-- Work required --
Some entries follow. Reproduce exactly the lines starting at the one with "子どもの年齢は、0歳児が多く" and stopping after the one with "11月14日から12月8日ま".

-- Records for the exercise --
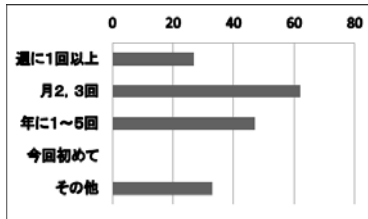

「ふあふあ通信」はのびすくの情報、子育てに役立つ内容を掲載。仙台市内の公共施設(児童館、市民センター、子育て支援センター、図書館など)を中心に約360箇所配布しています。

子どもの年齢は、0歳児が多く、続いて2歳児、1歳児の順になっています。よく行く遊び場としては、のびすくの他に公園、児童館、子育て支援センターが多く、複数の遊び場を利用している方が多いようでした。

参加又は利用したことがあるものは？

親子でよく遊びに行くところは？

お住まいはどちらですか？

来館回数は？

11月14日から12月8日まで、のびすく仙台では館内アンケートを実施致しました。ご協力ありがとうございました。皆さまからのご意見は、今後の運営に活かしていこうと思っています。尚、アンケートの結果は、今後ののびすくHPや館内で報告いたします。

==

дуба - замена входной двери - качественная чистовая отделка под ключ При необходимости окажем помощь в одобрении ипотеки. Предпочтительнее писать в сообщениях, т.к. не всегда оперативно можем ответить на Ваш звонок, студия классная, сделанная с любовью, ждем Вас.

-- Result of the exercise --
子どもの年齢は、0歳児が多く、続いて2歳児、1歳児の順になっています。よく行く遊び場としては、のびすくの他に公園、児童館、子育て支援センターが多く、複数の遊び場を利用している方が多いようでした。

参加又は利用したことがあるものは？

親子でよく遊びに行くところは？

お住まいはどちらですか？

来館回数は？

11月14日から12月8日まで、のびすく仙台では館内アンケートを実施致しました。ご協力ありがとうございました。皆さまからのご意見は、今後の運営に活かしていこうと思っています。尚、アンケートの結果は、今後ののびすくHPや館内で報告いたします。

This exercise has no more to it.